Portfolio view: We continue to think Google’s position in search is strong, and its ability to use AI to reinforce competitive advantages around its core advertising business will continue to allow it to sustain high levels of returns. We also think there is probably more upside around margins to come and continue to hold it as a core position within our portfolio. 

Amazon – better retail performance; advertising a positive surprise, but signs of share losses in cloud

  • Amazon (owned) beat forecasts. There are always lots of moving parts in this set of results, but the focus on the call was around its cloud business: 
  • AWS grew 16% yr/yr, slowing from 20% last quarter, and slowing still further in April (~11%). When we look at the relative performance of the cloud names, we think it’s not just the law of large numbers which is slowing Amazon’s growth as the largest player: we think Microsoft is starting to take meaningful share (likely helped by its OpenAI partnership). As we commented for Microsoft, whereas AWS was the obvious cloud partner 2 years ago, now, with Microsoft’s relationship with the flagship OpenAI, they might be starting to be the cloud services platform of choice for new businesses
  • On the forward guidance numbers given we think Microsoft will add about double the dollar value in the next quarter ($600m vs ~$300m for Amazon). 
  • Amazon’s AWS business makes all (and more) of its total operating profit, effectively financing the still loss making ecommerce business. Going back to our comments at the start, we think it will force Amazon to continue to invest in building its AI capabilities.
  • The core retail business was better – again speaking to continued (surprising) strength in the consumer, particularly in the US. 
  • On the margin side, as with many players in tech, cost cutting is helping margin expansion and earnings growth
  • The standout impressive part of Amazon’s results was for us its advertising business +23% yr/yr beat all of the digital advertising players by a mile, and is now a $10bn/quarter business (and presumably very profitable..)

Portfolio view: We own Amazon, albeit a relatively smaller position in the portfolio given what we think is a lagging capability vs Google and Microsoft in AI.

Zuckerberg’s momentous pivot delivering

  • Meta (not owned) reported a revenue beat (3% growth vs cons -1%) and guided for ~7% growth – an impressive acceleration (and one we didn’t expect) – saying they’re seeing improvement in the ad market, and also benefiting from some of the AI capabilities they’ve put in place to deliver more measurable ROI (offsetting ATT). 
  • They’re also using AI to support engagement: Since we launched Reels, AI recommendations have driven a more than 24% increase in time spent on Instagram. Our AI work is also improving monetization. Reels monetization efficiency is up over 30% on Instagram and over 40% on Facebook quarter-over-quarter. 
  • Cost guidance coming down again – all the tech companies have that as a lever to drive earnings this year, Meta probably pulling the lever the hardest right now. 
  • While opex costs are being reduced, Meta is keeping its capex guide, which speaks to the necessity to spend: We expect capital expenditures to be in the range of $30-33 billion, unchanged from our prior estimate.

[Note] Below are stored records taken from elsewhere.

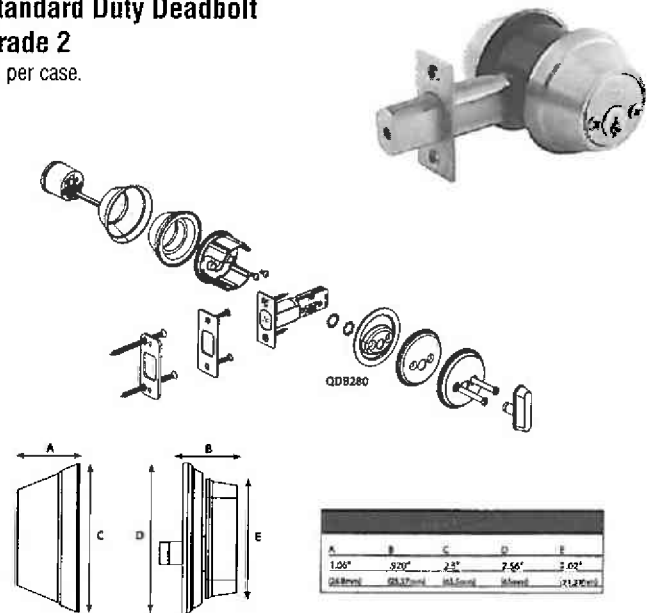

Standard Duty Deadbolt Grade 2

10 per case.

The standard duty QDB200 series deadbolts are designed for multi-family, tenant improvement uses such as apartment complexes, retail/storefront, office buildings, etc.

- Tested to exceed 150,000 cycles
- Full 1" throwbolt with saw resistant hardened steel roller pin
- Anti-drill design - two ball bearings inserted to prevent drill attacks
- ADA thumbturn
- Door thickness: 1 3/8" - 1 3/4"
- Backset: 2 3/4", 2 3/8" available
- Strike: Standard deadbolt strike 1 1/4" x 2 3/4"
- Cylinder: 6 pin brass cylinder. 2 keys per lockset

Warranty: Lifetime mechanical and 3 year finish.

P/N	Function	Finish	Price
KWQDB280CR-605	Single Cyl.	Polished Brass	60.00
KWQDB280CR-613	Single Cyl.	Oil Rubbed Bronze	60.00
KWQDB280CR-619	Single Cyl.	Satin Nickel	60.00
KWQDB280CR-625	Single Cyl.	Polished Chrome	60.00
KWQDB280CR-626	Single Cyl.	Satin Chrome	57.00
KWQDB282CR-605	Double Cyl.	Polished Brass	75.00
KWQDB282CR-613	Double Cyl.	Oil Rubbed Bronze	75.00
KWQDB282CR-619	Double Cyl.	Satin Nickel	75.00
KWQDB282CR-625	Double Cyl.	Polished Chrome	75.00
KWQDB282CR-626	Double Cyl.	Satin Chrome	72.00
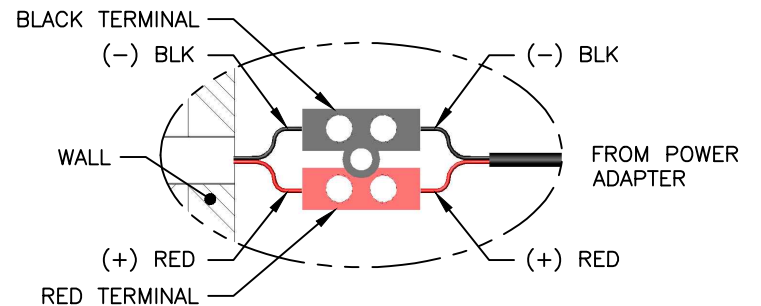

DESCRIPTION	RATED AMPS	VOLTAGE
101.9215 MOTOR, 45-2.5 DC RF DRY CONTACT	1.50	24VDC
400.2300 POWER ADAPTER, AC/DC TUMO	1.50	24VDC

DETAIL A
SEE WARNING BELOW

DETAIL B
SEE WARNING BELOW

WARNING: NOT FOLLOWING WIRING POLARITY
WILL CAUSE MOTOR FAILURE.
(+) TO (+) AND (-) TO (-)
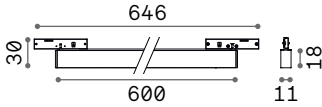

LED SMD

Power	Beam	Control	Lumen	CCT	Finish	Code	€
12 W	100°	On-Off	1350 lm	3000 K	Black	332833	35 new

0,330 Kg/0,0008 m³
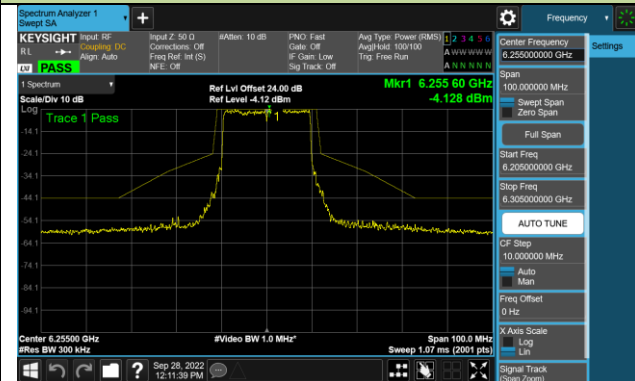

Channel 175 (6985MHz)

802.11ax-HE20 - Ant 1 (Nss = 2)

Channel 33 (6115MHz)

Channel 61 (6255MHz)

Channel 93 (6415MHz)

Channel 97 (6435MHz)

Channel 105 (6475MHz)

Channel 113 (6515MHz)

Channel 117 (6535MHz)

Channel 149 (6695MHz)

802.11ax-HE20 - Ant 1 (N_{ss} = 2)

Channel 181 (6855MHz)

Channel 185 (6875MHz)

Channel 189 (6895MHz)

Channel 213 (7015MHz)

Channel 229 (7095MHz)
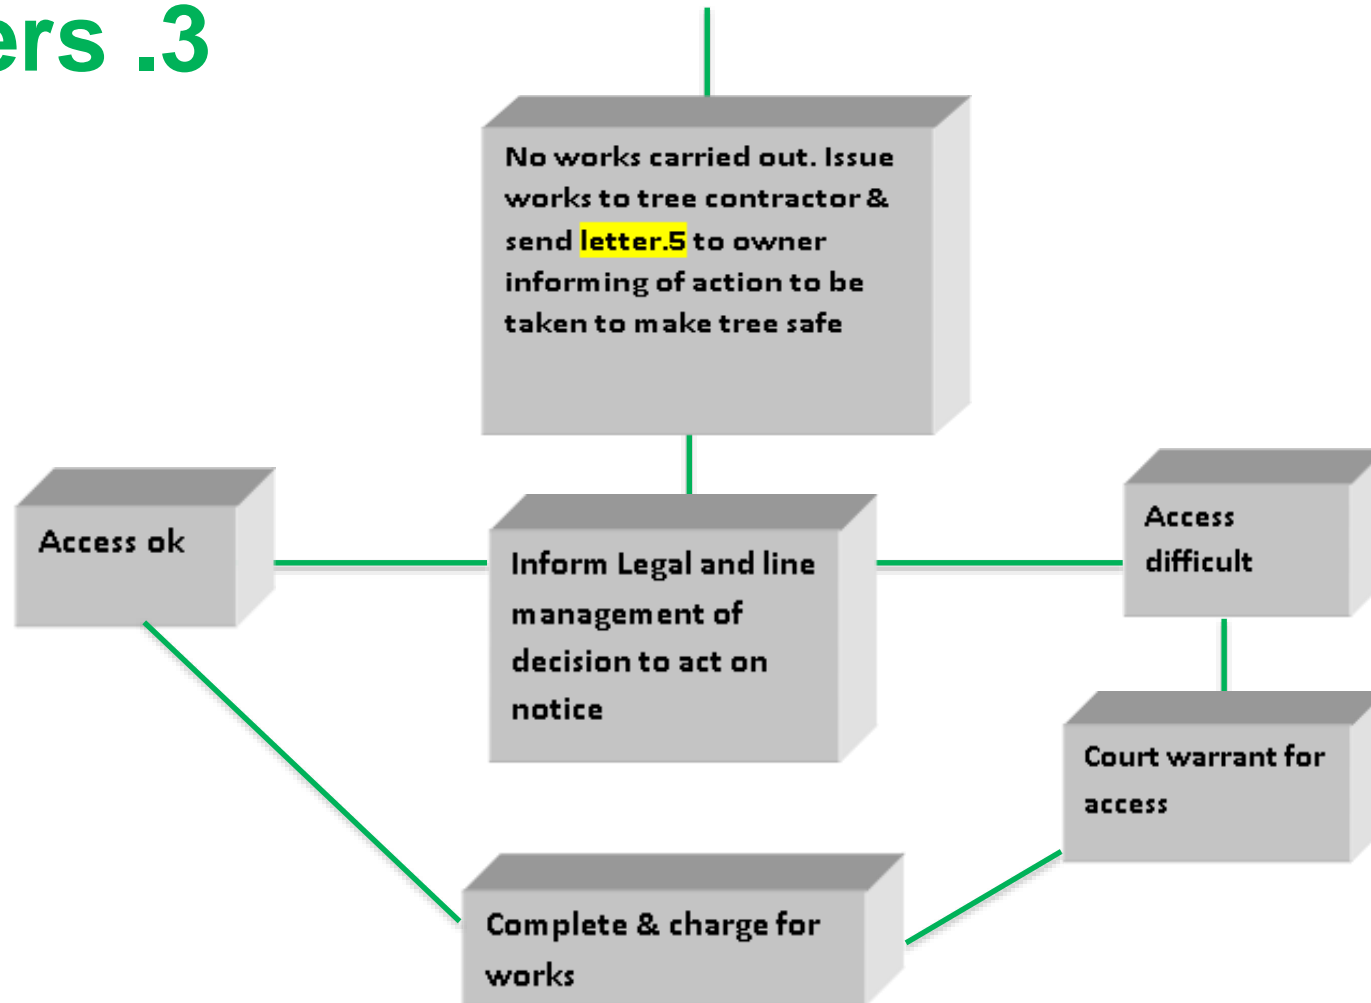

Local Government (Miscellaneous Provisions) Act 1976

Dangerous Trees on Private Land

Camden Council's Internal Guidance Note for Tree Officers

Kelly King, 09th November 2016

Flowchart of procedure & related official letters .1

Flowchart of procedure & related official letters .2

Flowchart of procedure & related official letters .3

Overview of full flowchart

More information:

- Info to go on website for members of public
- Internal Notice in place
- Issue of Warrant Cards
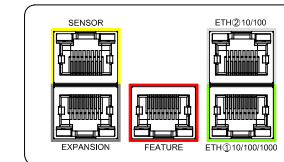

NEMA L5-30P
VIEW A

88.1 [3.5"]

365.3 [14.4"]

L Rack options

Rear

See VIEW B

See VIEW A

Top

88 [3.5"]

Front

440 [17.3"]

See VIEW C

VIEW B

VIEW C

- NOTES:
1. INSTALLATION SHALL COMPLY WITH ALL APPLICABLE NATIONAL, STATE AND LOCAL CODES.
 2. PLEASE REFER TO PRODUCT DOCUMENTATION FOR FURTHER INFORMATION.
 3. UNLESS OTHERWISE SPECIFIED, ALL DIMENSIONS ARE IN MILLIMETERS (INCHES).
 4. MOUNTING BUTTON IS AN ALTERNATIVE MOUNTING METHOD TO THE TOOLLESS MOUNT FOR 3RD PARTY ENCLOSURE. BUTTON IS PROVIDED WITH THE UNIT. DETAILED INSTALLATION INSTRUCTIONS CAN BE FOUND IN THE PROVIDED MANUAL.
 5. BRACKET KITS TO MOUNT TO SPECIFIC 3RD PARTY ENCLOSURES ARE AVAILABLE AS OPTIONS.
 6. LENGTH OF THE CORD IS 3000MM +/- 70MM
 7. DIMENSION TOLERANCE: LENGTH +/- 3MM, WIDTH +/- 1MM, DEPTH +/- 0.5MM
 8. REFER TO THE TABLE FOR DETAIL CORD LENGTH DEFINITION
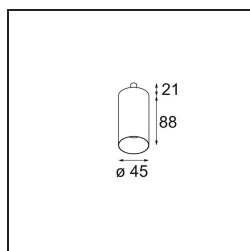

Specifications

Material	11463009
Light Source Type	LED
LED Type	BRIDGELUX V6 HD G7
LED technology	LED COB
CRI	Min. 90
Colour Temperature	2700K
Lifetime	L80B10 @50,000 Hours
Lamp Included	Yes
Number of Light Sources	1
CIE flux code	98 100 100 100 62
Binning (SDCM)	2
Light Direction	Down
Optic	Lens
Measured beam angle (°)	29.6
Input Voltage	Constant Current Driver Required
Electrical Class	III
IP Rating	20
Glow wire rating (°C)	960
Indoor/Outdoor	Indoor
Application	Ceiling, Wall
Adjustability	H 360° V 0°/+90°
Distance to Lighted Object (m)	0,1
Primary Colour & Primary Finish	White, Structure
Gross weight (g)	258.0
Drive current (mA)	350 500
Min. forward voltage (Vf)	14,8 15,2
Max. forward voltage (Vf)	18,0 18,6
Connected load (W)	5,7 8,5
Luminous flux per lamp (lm)	444 598
Efficacy (lm/W)	78 70
Glare rating	12 13
Remark	<ul style="list-style-type: none"> • 3500K and 4000K on request • This is not a complete product. Modupoint Round or Modupoint Square system required.
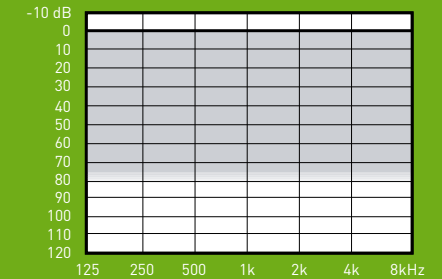

TECHNICAL DATA

Widex Passion™ PA-110

Based on the renowned ISP platform from Widex. The PA-110 combines the innovation and performance of the world's most advanced hearing aid platform with a refined and practical Receiver-In-Canal (RIC) fitting.

Widex RIC features:

- 10 kHz bandwidth
- Stable Sound Delivery™
- Sound Harmony™
- Flex/Open fitting
- Instant/Custom receiver ear-tip
- Selection of 24 colour combinations
- Changeable grids

Integrated Signal Processing:

Sound processing in 10 channels:

- 10 channel Locator
- Multi-directional Active Feedback Cancelling
- Classic Noise Reduction with SIS
- Enhanced Dynamic Range Compression (EDRC)

Sound analysis in 10 bands:

- Sound Diary
- Speech and noise tracer
- S/N ratio tracer
- Spatial sound tracer
- Spatial feedback tracer

System optimiser:

- Battery monitor
- EcoTech II
- Multi-point microphone matching

Fitting with Compass and iP5:

- Fitting wizard
- Basic Sensogram™
- Expanded Sensogram™
- Feedback test
- In-situ vent effect assessment (AISA)
- Occlusion manager
- Master fine tuning handles
- Fine tuning with gain matrix handles
- Listening program templates
- Up to two individual acoustic programs
- Interactive SoundTracker
- Hearing aid and RC3 emulator
- 3D Tutor
- Personalised user instructions
- Self test
- Questionnaires

Suggested fitting range

widex passion™
DEDICATION TO DETAIL
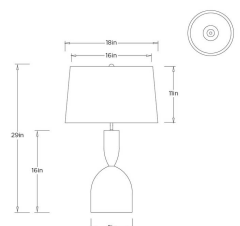

BRIGHTON TABLE LAMP

PTC78-252

H: 29 IN

Dia: 18 IN

Balancing stacked geometric forms; the Brighton Table Lamp presents a sculptural silhouette carved from slate blue marble. The extended proportions create a sense of lift and elegance, while the stone's soft veining adds natural depth and variation. A refined table lamp that brings architectural poise and understated femininity to interior spaces.

PTC78-252 BRIGHTON TABLE LAMP

ARTERIOS
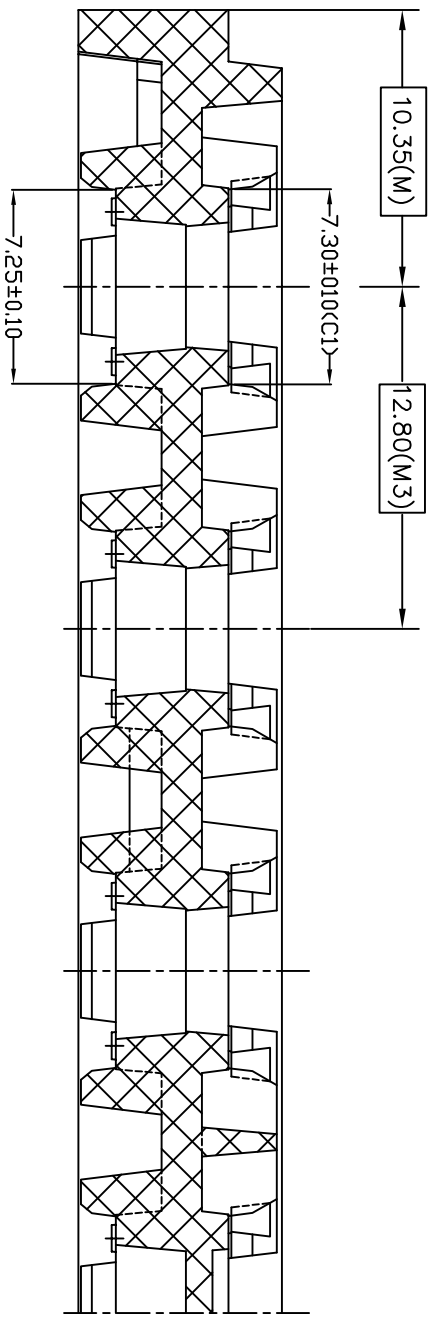

TOLERANCES UNLESS  
OTHERWISE SPECIFIED  
DECIMAL :  
X ±.25  
XX ±.13  
XXX ±  
ANGLE : ±  
ANGULAR : ±

**IDT**  
www.IDT.COM

6024 Silver Creek Valley Road,  
San Jose, CA 95138  
PHONE: (408) 284-8200  
FAX: (408) 284-3572

TITLE:	LG/LGG 48, NB/NBG 48, ND/NDG 56 & NL/NLG 48 SHIPPING TRAY	SCALE	N/A
STOCK NO.	N/A	SIZE	N/A
DRAWING NO.	MSC-7051-A	REV	00
DO NOT SCALE DRAWING		SHEET 1 OF 2	

SECTION A-A

SECTION B-B

SECTION H-H

SECTION J-J

TOLERANCES UNLESS OTHERWISE SPECIFIED  
 DECIMAL : X ±.25  
 XX ±.13  
 ANGLE : ±  
 ANGULAR : ±

**IDT**  
 6024 Silver Creek Valley Road,  
 San Jose, CA 95138  
 PHONE: (408) 284-8200  
 FAX: (408) 294-3572  
 WWW.IDT.COM

TITLE:	LG/LGG 48, NB/NBG 48, ND/NDG 56 & NL/NLG 48 SHIPPING TRAY	SCALE	N/A
STOCK NO.	N/A	SIZE	N/A
DRAWING NO.	MSC-7051-A	REV	00
DO NOT SCALE DRAWING		SHEET 2 OF 2

This outlook reflects our ongoing build out of AI capacity to support ads, Feed and Reels, along with an increased investment in capacity for our generative AI initiatives. 

Portfolio view: We don’t own Meta, given the structural challenges around the top line and competition in digital advertising, although we do recognise an impressive return to growth and Zuckerberg’s focus on margins (and pivot from the free for all spend on the Metaverse last year…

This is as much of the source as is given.